(Collection entries)
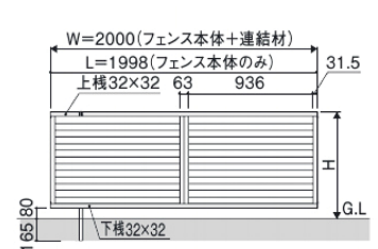

FVE Fence with Woodlook or Metal Only

アーバングレー(UC)

ダークブロンズ(BD)

アースブラウン(BNC)

1・2型のみ設定
受注品

NEW color BNC FVE #1 and 2

注 ●木調タイプは、外観側のみ木調のラミネートが施されています。

注 ●コーナー部の両側には必ず支柱を設置してください。

取り付け後

コーナー部取り付け後

※フリー支柱外径25×36 (H: 1000・1200の場合35×35)、フェンス本体のみの寸法は、1998 (L)

サイズ特注 M1型・M3型: 400 ≤ H ≤ 1100 (100ピッチのみ) / M2型: 400 ≤ H ≤ 1199

FVE Fence - 2-Tone Options

kunkelWorks

TPU	トラッドパイン (TP) 木調部	アーバングレー (UC) 形材部
TPC	トラッドパイン (TP) 木調部	ダークブロンズ (BD) 形材部
CMU	チョコメイプル (CM) 木調部	アーバングレー (UC) 形材部
CMC	チョコメイプル (CM) 木調部	ダークブロンズ (BD) 形材部

_EXERCISE AIM_
Work out the count of lines in the data above containing the string "チョコメイプル". Give it alone.

_ANSWER FOR THIS EXERCISE_
2